§ Task requirements
Among the lines below, copy each one in which "inclusief" appears.

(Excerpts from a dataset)
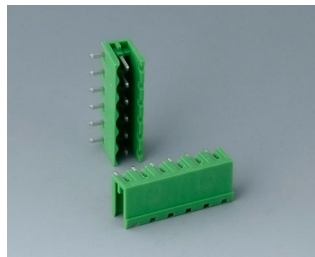

B6606222
Вилочная часть соединителя,
шаг 5,08 мм
ПА 6 (UL 94 V-0)

B6606223
Розеточная часть соединителя,
шаг 5,08 мм
ПА 6 (UL 94 V-0)

B6607111
Клеммная колодка, шаг 5,0 мм
ПА 68 (UL 94 V-0)

RAILTEC B

B6608111
Клеммная колодка, шаг 5,0 мм
ПА 68 (UL 94 V-0)

B6608222
Вилочная часть соединителя,
шаг 5,08 мм
ПА 68 (UL 94 V-0)

B6608223
Розеточная часть соединителя,
шаг 5,08 мм
ПА 68 (UL 94 V-0)

Аксессуары - крышки области соединений

B6607140
Крышка области соединений,
однорядная
ПК (UL 94 V-0)
светло-серый
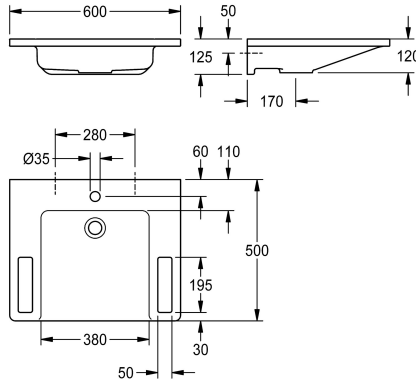

KWC EXOS.

Wastafel, rolstoeltoegankelijk

Modell-Linie: EXOS | ANMW0001N

Wastafels | Wastafels

KWC-No.

2030073252

EXOS. Wastafel van kunstharsgebonden composiet MIRANIT, met poriënvrij, glad oppervlak (temperatuurbestendig tot 80 °C), kleur alpinewit. Rolstoeltoegankelijk, met geïntegreerde handgrepen, planken, naadloos gevormde bak, zonder overloop, met 35 mm kraangat (D). Integraal achterpaneel voor montage, inclusief

bevestigingsmateriaal.

Afmetingen 600 x 125 x 500 mm (B x H x D)

Afmetingen bak 380 x 98 x 390 mm (B x H x D)

Technical Data

| |
|------------------------|
| Barrièrevrij |
| Type waskom |
| Kuippositie |
| Kuipvorm |
| Kleur |
| Materiaal |
| Materiaalcode |
| Totale diepte |
| Totale breedte |
| Overloop |
| Opstaande achterkant |
| inclusief sifon |
| Aantal kraangaten |
| Kraangat diameter |
| Kraangatpositie |
| Kraanvlak |
| Type montage |
| Positie afvoeropening |
| afvoer kit inbegrepen |
| Afvoer afmetingen |
| ATT-WS-WASTESLEEVEINCL |

| |
|--------------------|
| Ja |
| Enkele waskom |
| Centraal |
| Rechthoekig |
| Alpinewit |
| Mineraal materiaal |
| Miranit |
| 500 mm |
| 600 mm |
| Neen |
| Neen |
| Neen |
| 1 |
| 35 mm |
| Midden |
| Ja |
| Wandmontage |
| Midden achter |
| Ja |
| DN 32 |
| Ja |
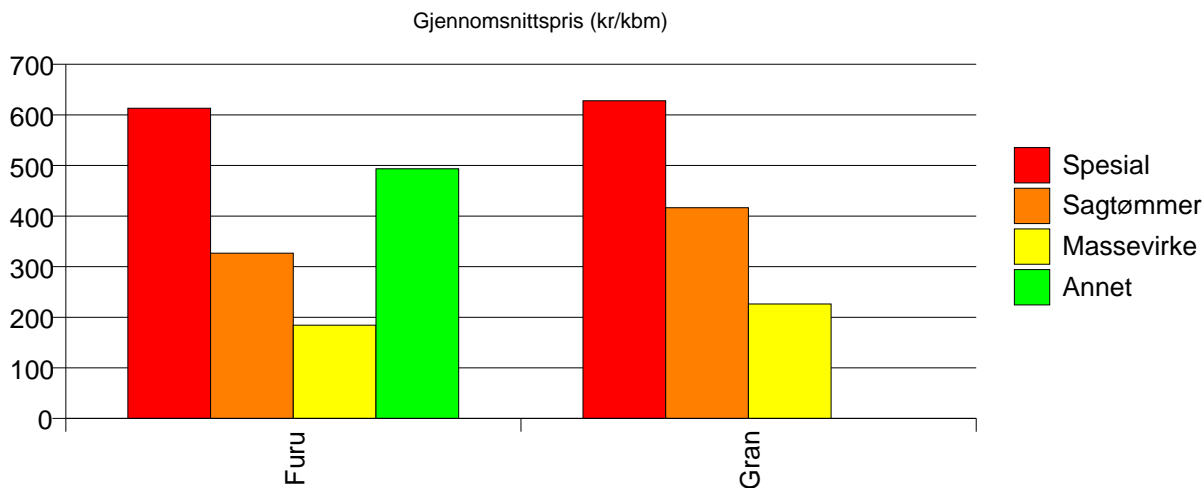

Gjennomsnittspris (kr/kbm)

	Spesial	Sagtømmer	Massevirke	Annet	Vrak	Snitt
Furu	613	327	184	493	0	266
Gran	628	417	226		0	325
Snitt	618	358	200	493	0	287
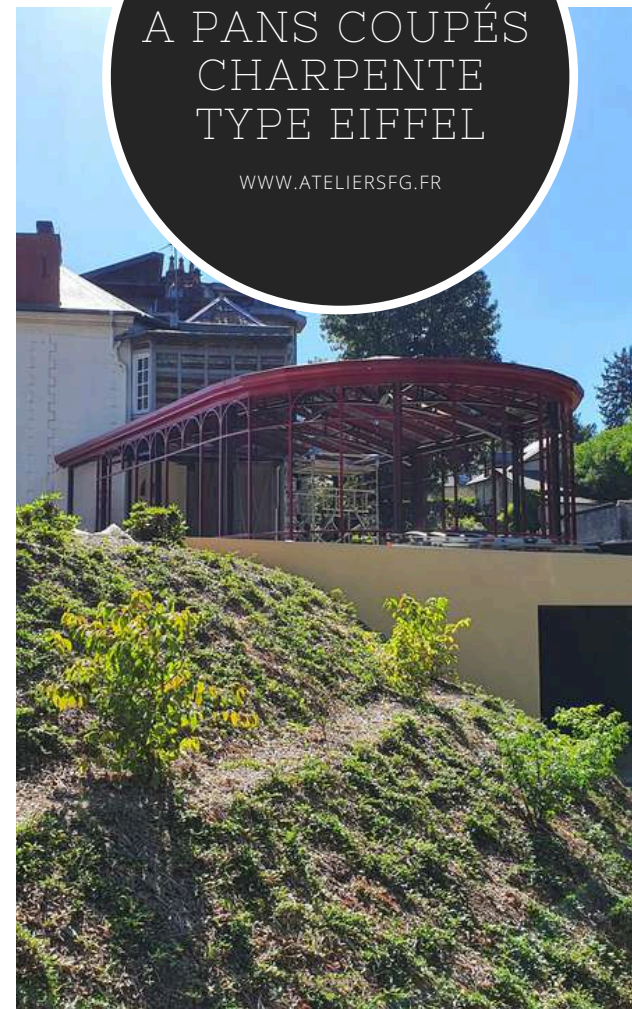

Merci par avance de votre confiance.

JARDIN D'HIVER

A PANS COUPÉS
CHARPENTE
TYPE EIFFEL

WWW.ATELIERSFG.FR

JARDIN D'HIVER
A PANS COUPÉS
CHARPENTE
TYPE EIFFEL
WWW.ATELIERSFG.FR

JARDIN D'HIVER
A PANS COUPÉS
CHARPENTE
TYPE EIFFEL
WWW.ATELIERSFG.FR

JARDIN D'HIVER
JARDIN
D'HIVER À
TOITURE PLATE

WWW.ATELIERSFG.FR

JARDIN D'HIVER
STYLE
CONTEMPORAIN
& TOITURE 3
PANS
WWW.ATELIERSFG.FR

JARDIN D'HIVER

JARDIN
D'HIVER SUR
MAISON DE
MAÎTRE

WWW.ATELIERSFG.FR

JARDIN D'HIVER

§ Final answer
EXOS. Wastafel van kunstharsgebonden composiet MIRANIT, met poriënvrij, glad oppervlak (temperatuurbestendig tot 80 °C), kleur alpinewit. Rolstoeltoegankelijk, met geïntegreerde handgrepen, planken, naadloos gevormde bak, zonder overloop, met 35 mm kraangat (D). Integraal achterpaneel voor montage, inclusief
| inclusief sifon |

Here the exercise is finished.